[Ezra Halleck]

A 21 sided die is rolled (icosahedron). What is the probability that the roll is
a) even? b) a multiple of 3? c) even and a multiple of 3?
d) even or a multiple of 3? [use results from parts a), b) & c)]

[Eric Adarkwah]

possible outcome=21
a. element of even numbers in a 21 sided die ( 2, 4 6 8 10 12 14 16 18 20)
p( even) = 10/21 0r 0.47

multiples of 3 in 21 sided die ( 3 6 9 12 15 18 21)
P(multiples of 3)= 7/21 =1/3 or.33
c. P ( even and a multiple of 3) = ( 6 12 18) = 3/21 = 1/7 or .14
d. P( even or a multiply of 3)= 10/21+7/21-2(3/21)= 11/21 or .52

[Chana Max, RN]

the formula for d) is P(a)+P(b) – P(a intersect b) so10/21+7/21-3/21=14/21 or 0.67

[Ezra Halleck]

Yes, I agree with cmax. There is no “2” in the formula.
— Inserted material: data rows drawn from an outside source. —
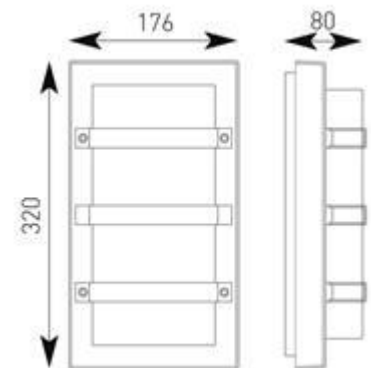

EW27

External Wall Lighting

malisa

FINISH	Silver Grey	COLOUR TEMP	4000k
DIMIENSIONS	320mm x 176mm	LUMENS	1100lms
PROJECTION	80mm	EFFICACY	55lm/w
IP RATING	IP65	CRI	80
WATTAGE	12W	SENSOR	Integral Microwave
VOLTAGE	240v	EMERGENCY	Integral 3hr
		ORDER CODE	EW27
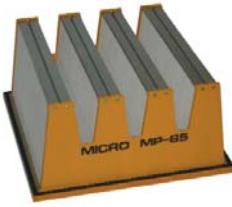

### 11602 MICRO MP85 FILTER

High efficiency media to capture pollutants to 0.3 micron. High surface area (193 sq ft).  
Not Cleanable  
1 per unit

By the way, I lied to you about the icosahedron. It actually has 20 sides, but let us pretend such a 21 sided die actually exists.

Finally, an interesting question is whether the 2 events in question are independent. To answer that we see if P(even)*P(mult of 3)=P(even and mult of 3).
10/21*1/3=?1/7

The answer is no (you can verify by using a calculator)

To see why without a calculator, notice that if the first fraction had been 9/21 instead of 10/21 then the product would have worked out to the RHS. Therefore, the LHS is in fact greater than the RHS and hence not the same.